Найти в Дзене
Ида Кнайбо. Истории

Каша опять холодная (часть 1)

photo by Sabina Sturzu | Unsplash
photo by Sabina Sturzu | Unsplash

Часть 1 (часть 2 - здесь, часть 3 - здесь)

Василий возил ложкой по тарелке, перекатывая вязкую кашу. Собирал в горку, приплющивал, разглаживал. Выводил круги и спирали. Сунул в рот ложку, пожевал, поморщился… вздохнул и поднялся из-за стола. Он встал у окна, засунув руки в карманы обвисших штанов, и смотрел сквозь чисто вымытое стекло на пустую улицу.

Каша опять была холодная и совершенно безвкусная — ни соли, ни сахара, ни масла. По утрам он находил кастрюлю на столе в кухне и понимал, откуда она бралась — Машка таскала, бывшая жена. Каждое утро, как заведенная — одну кастрюлю оставляла, другую забирала. И так уже полгода по кругу. Василий не мог поймать ее. Правда, ее счастье, не очень старался, не то прибил бы уже. Бегала, хозяйничала, на глаза не попадалась — и хрен бы с ней. Но каша эта… — Василий вздохнул — каждое утро одно и то же, одно и то же. И ладно бы вкусная была, а то ведь гадость. А Машка умела вкусно готовить, ему ли не знать. Не зря она матери-покойнице приглянулась.

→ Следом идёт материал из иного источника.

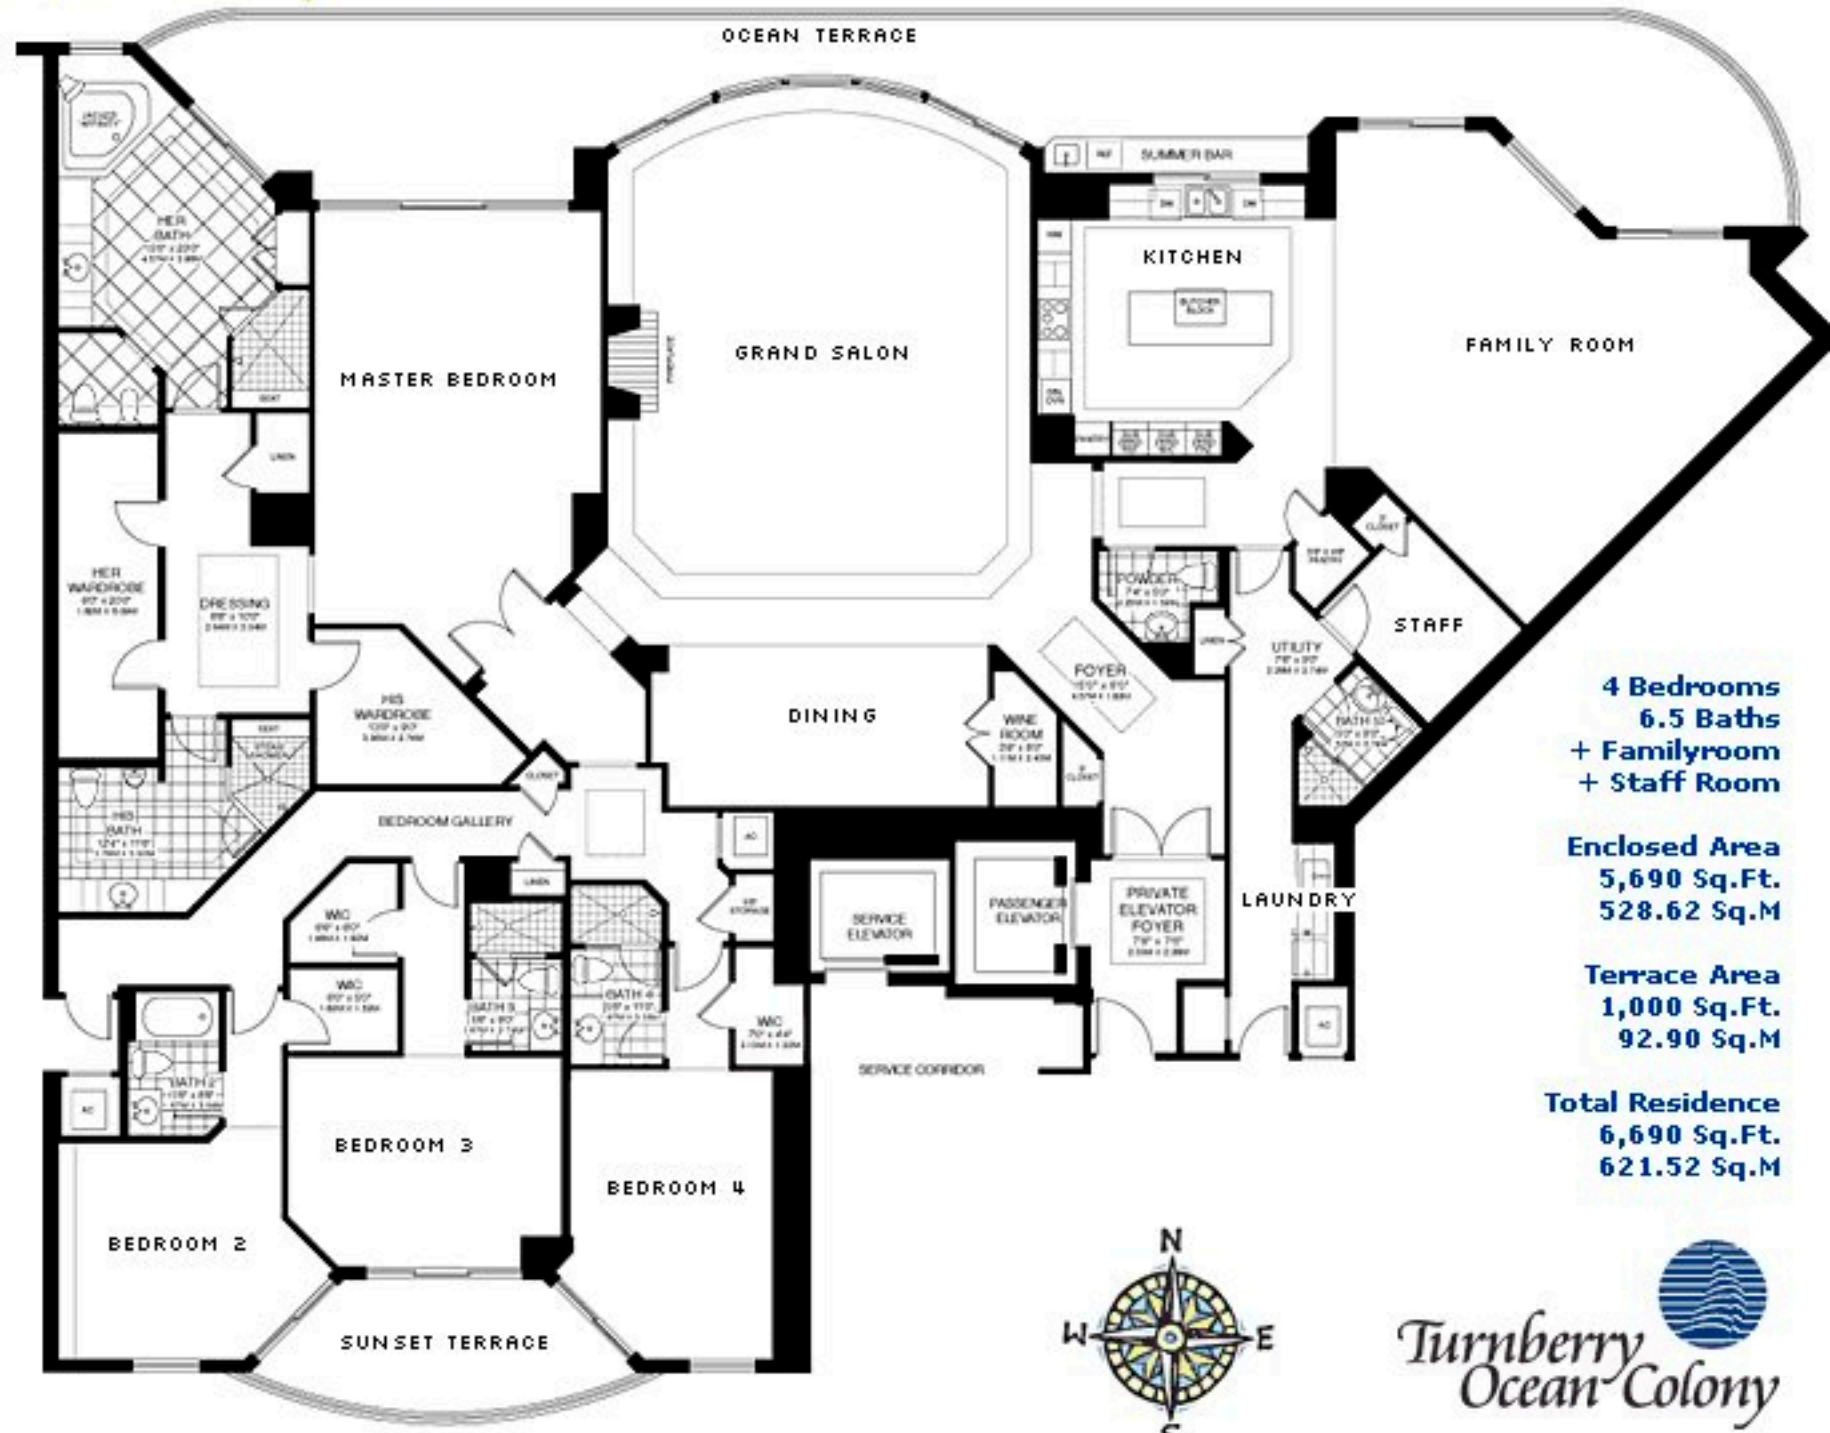

Grand Cayman

4 Bedrooms
6.5 Baths
+ Familyroom
+ Staff Room

Enclosed Area
5,690 Sq.Ft.
528.62 Sq.M

Terrace Area
1,000 Sq.Ft.
92.90 Sq.M

Total Residence
6,690 Sq.Ft.
621.52 Sq.M

Всю жизнь Василию не везло с женщинами.

Его мать, Анну Петровну Томашевскую, завуча школы, знал весь поселок. Местные алкаши, завидев ее, трезвели и вставали по стойке смирно. Она приехала в поселок в начале восьмидесятых с маленьким сыном. Свой статус обозначила как «вдова» и более никогда и никого в подробности своей жизни не посвящала.

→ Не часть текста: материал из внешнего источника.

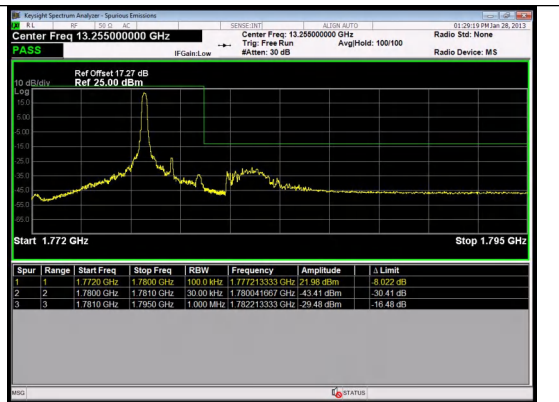

Band 66 1.4MHz/1710.7/Low QPSK 1@5

Band 66 1.4MHz/1710.7/Low QPSK 6@0

Band 66 1.4MHz/1710.7/Low 16QAM 1@0

Band 66 1.4MHz/1710.7/Low 16QAM 1@5

Band 66 1.4MHz/1710.7/Low 16QAM 6@0

Band 66 3MHz/1778.5/High QPSK 1@0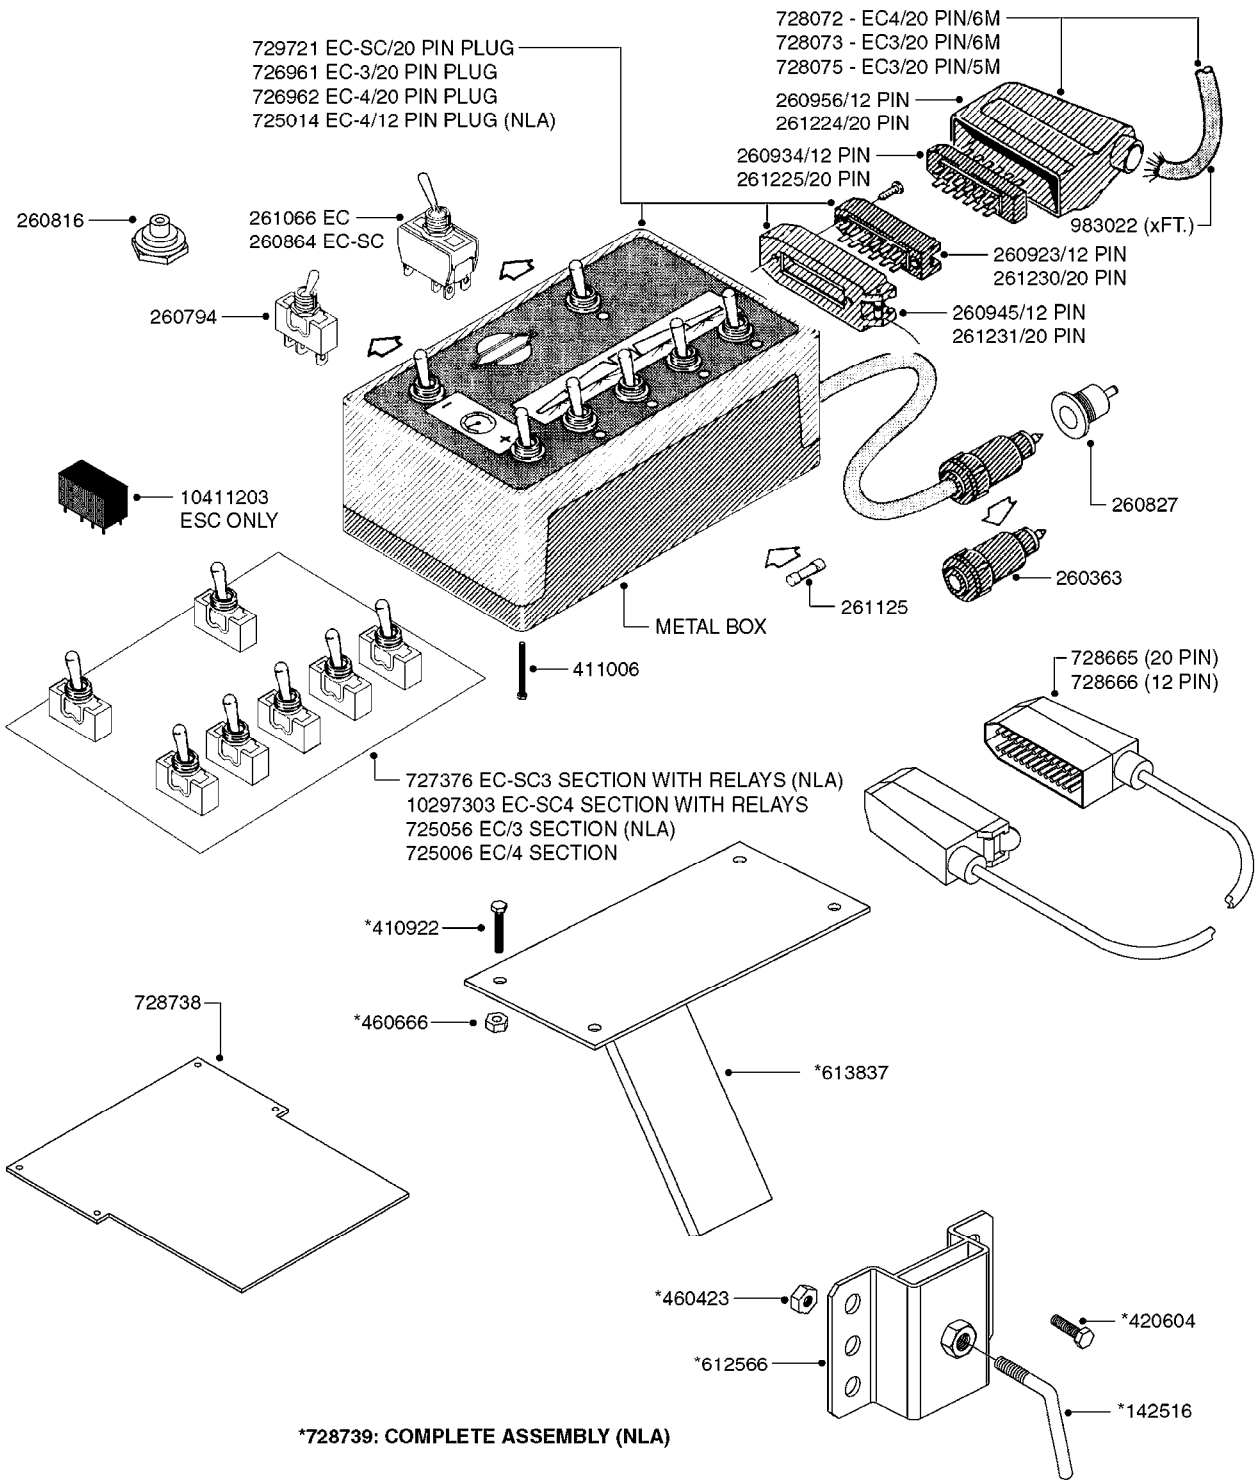

*728739: COMPLETE ASSEMBLY (NLA)

COMPLETE ASSEMBLIES
WHOLEGOODS ITEMS

B0390

CONTROL BOX F/EC+EC-SC
B0390-HIN, 01:01:16

Page 1
Date 07.02.2020 9:47

parts-n°	order qty	description
142516	1	SCREW SET M10 BENT F. LOCKING
260363	1	PLUG 2 POLE 12V
260794	1	SWITCH F.PRESS ADJ.EC CONTROL
260816	1	CAP W/RUBBER BOOT F.EC SWITCH
260827	1	PLUG F.EC ATTACHMENTS
260864	1	SWITCH F.HY BOOM CONTROL BOX
260923	1	PLUG INSERT 12 POLE FEMALE
260934	1	PLUG INSERT 12 POLE MALE
260945	1	PLUG HOUSE 12 POLE FEMALE
260956	1	PLUG HOUSE 12 POL.MALE
261066	1	SWITCH 2 POLE
261125	1	FUSE 5 X 20 500mA
261224	1	PLUG HOUSING F/20 POLE MALE
261225	1	PLUG INSERT 20 POLE MALE
261230	1	PLUG INSERT 20 POLE FEMALE
261231	1	PLUG HOUSING 20 POLE FEMALE
410922	1	CYL.SKR 8.8 DEL M4X20 RST
411006	1	SCREW M4X40 SLOTTED
420604	1	BOLT HEX 8.8 DEL M10X25 FT DIN933
460423	1	NUT HEX M10X1.50 LOCK DIN985A2 SS
460666	1	NUT HEX M4
612566	1	MOUNT BRACKET F.FAN CABLE ASSY
613837	1	MOUNT PLATE FOR EC CONTROL BOX
725006	1	CIRCUIT BOARD 4 VALVE
725014	1	CONTROL BOX EC 4 SEC./12 PIN
725056	1	PRINTED CIRC.W SW 3WAY 726961
726961	1	CONTROL BOX EC 3 SEC./20 PIN
726962	1	CONTROL BOX EC 4 SEC./20 PIN
727376	1	CIRCUIT BOARD F.ESC 3 BANK
728072	1	CABLE,20-PIN,6M EC/4
728073	1	CABLE,20-PIN,6M, EC/3
728075	1	CABLE F.CONTROL BOX 5M EC/3
728665	1	CABLE EXT.-QUICK ATTACH 20 PIN
728666	1	CABLE-QUICK ATTACH 12 PIN
728738	1	DOUB.CONT.BOX & OR F/M PLATE
728739	1	IN CAB CONTROL MOUNT KIT
729721	1	CONTROL BOX ESC3
983022	1	WIRE 12 x 0.5 x 2MM x 12"
10297303	1	CIRCUIT BOARD FOR T.M.S.
10411203	1	RELAY T-82

Маленький Васька боялся мать до одури. Считал, что она убила своего мужа — его отца — и ничего ей за это не было. На робкий вопрос сына «Где папка?» мать отвечала неизменно коротко и без пояснений. В зависимости от настроения это могло быть нейтральное «помер» или категоричное «сдох». С возрастом страх постепенно ослабил хватку, которую Васька ощущал на своем горле, но никуда не делся, — он забрался глубоко внутрь, ворочался и скулил под тяжелым взглядом матери.

Единственная фотография отца в доме свидетельствовала о том, что взрослеющий сын как две капли воды походил на безвременно почившего родителя — такой же крепкий, лобастый, сероглазый. И когда годы спустя в предсмертном бреду мать выла сквозь сжатые зубы: «Ненавииижууу», — у взрослого уже мужика Василия воображаемая шерсть на загривке вставала дыбом. И он не мог сказать с уверенностью, кого она имела в виду.

У Анны Петровны все всегда должно было быть под контролем, но подростком Василий стал проявлять самостоятельность. Мать шипела злобно про гнилые отцовские гены, потом страшно багровела и срывалась на визг. Тогда Василий убегал куда глаза глядят, и дня три старался ей не попадаться. Когда он сигал из окна и, как заяц, бежал соседскими огородами, перелезая через заборы и путаясь в картофельной ботве, все понимали, что у Томашевских опять «ситуация».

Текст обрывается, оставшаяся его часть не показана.